Imaginação x inspiração
Nesta morada habitam paz, ternura,
curiosidade, dúvidas, razão. 
Moram uns ódios, acho, uns medos, juro,
e uma doida: a imaginação. 
Começa o dia: a louca acorda cedo. 
Os outros inda dormem, ela não. 
Me assobia uns sonhos em segredo, 
bordando estrelas sobre meu colchão. 
Mas nem ligamos para seus delírios,
eu e os outros. Acordamos, finalmente.
Faço uns alongamentos, sento em frente
ao micro, onde digito algumas laudas
que mando a um  cliente. 
Espreguiço.
Só então escovo os dentes...
É quando a doida da imaginação se esbalda: 
De repente me grita: “O que é isso?!”
“Isso o quê?”, pergunto, atordoada. 
Ela responde, séria: “Nada, nada.
É que tinha umas sombras no chuveiro...”
Já vi que vai zoar o dia inteiro. 
Mas estou conformada: tudo bem.  
 
Eu vou tomar café. Os outros – só assistem.
A louca vem, 
faz da linhaça alpiste,
castelos de torradas. 
Sobre meus ombros, ri lendo o jornal. 
Mergulha em minha xícara,
que  fica
instantaneamente povoada
de uns goles tortos que engulo sem receio:
conheço a louca. Ela é assim meio
destrambelhada, tonta, desatenta, 
mas nunca quis meu mal. 
A louca é, afinal, 
quem me sustenta:
é dela, enfim, que vivo. 
Subo para trabalhar.
(Se eu tiver sorte, ela me escreve um livro.)

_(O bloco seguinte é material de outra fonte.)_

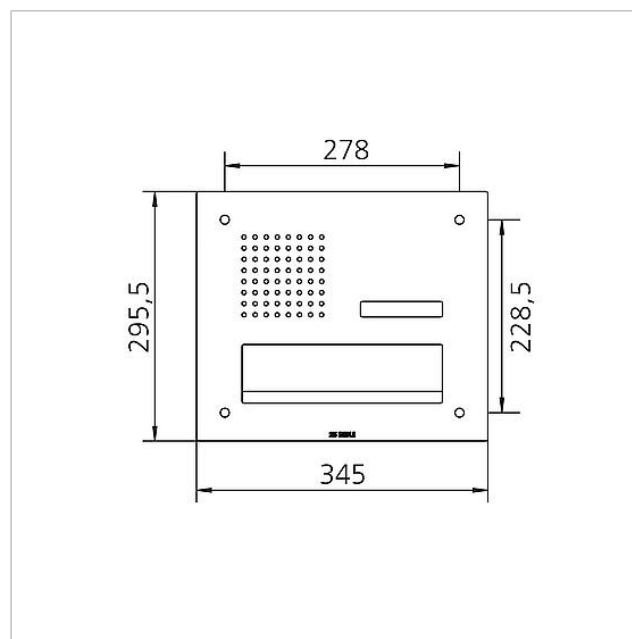

Siedle Classic
doorwerpbrievbus
frontpaneel audio
CL 411 BD2A 01 B

Pagina 3

Por tudo e pelos nadas agradeço.
O livro ainda está bem no começo, 
mas sei que posso, sempre, confiar. 
Trabalhamos, brigamos, competimos. 
De bom humor, a louca faz uns mimos, 
me brinda com idéias delirantes
– que amanhã, ok, levo adiante. 
Sobre o teclado, a imaginação
vê em minhas mãos um dinossauro:
o dedo médio é a cabeça. 
Mas eu também estou em extinção, 
eu sei. A louca não: 
ela persiste
como se fosse eterna. Nunca fica triste.
Quando delira,
a louca está feliz. 
A inspiração, que é minha outra lira
de sonhos e brinquedos, cordas tensas,
se estende para um jogo. A louca pensa,
avalia o convite e se recusa 
a brincar de versejar, contar estórias.
“Vamos lá fora”, 
me propõe, ciumenta: 
“Agora é hora
de ver o sol se põr.”
Eu não queria ir, mas a idéia me tenta. 
(No fundo, bem no fundo, a louca é um amor.)
À noite, depois de duas horas de TV, 
ela me diz: “Eu sou muito melhor! 
Desliga esse negócio, vem comigo.”
Respondo: “Eu vou. Quer ver? Duvida? 
Espera um pouco, só.
Você sabe que sou obediente.”
A louca da imaginação se impacienta e mente:
“Se você não vier, eu vou embora!” 
Suspiro e obedeço, novamente. 
A louca nem espera para ver. 
Confia em seu poder e vai em frente. 
Vamos todos juntos para a cama. 
De madrugada, a louca é uma lente
que permite de longe ver lembranças, 
colori-las, distorcer, voar:
uns tristes planos, o que não se alcança, 
uns amores que tive, umas desesperanças,
aquilo que inda quero, o que vou ter. 
Ela me pega no colo e me aconchega: 
“Não pense nisso, não. Por hoje, chega. 
Amanhã começamos outra vez”. 
A sensação, por fim, de bem-estar.
Eu espero e confio, confortada. 
Sem ela, quem sou eu? Um zero. Um nada.
p.s.
Explicação: Claro q escovo os dentes ao acordar, como todos os habitantes humanos do mundo q se considera civilizado. Mas se a ordem das ações fosse fiel à realidade, "esbalda" e "lauda" ficariam mto distantes... Já "espreguiço" e "isso" não são afetados, trocando a ordem. O q fez de "mim" uma desescovada foi pura questão de rima!
Nota
"A imaginação é a louca da casa" foi o tema dado para a primeira "provocação" do Quinto Desafio Literário, promovido pela Câmara dos Deputados (Literatura de Câmara). Nesse 'desafio', a cada semana é eliminado um autor. A provocação consistia em escrever um poema q descrevesse um dia na vida da imaginação, da manhã até a noite. Achei o tema, dado pelo coordenador Marco Antunes, dificílimo para os participantes (sou jurada do concurso). Mas resolvi encarar o 'desafio' (se eles têm q fazer, eu preciso no mínimo ser capaz de tentar...) e deu nisso q postei aqui. O Quinto Desafio está em andamento (está em sua terceira semana). Abraço!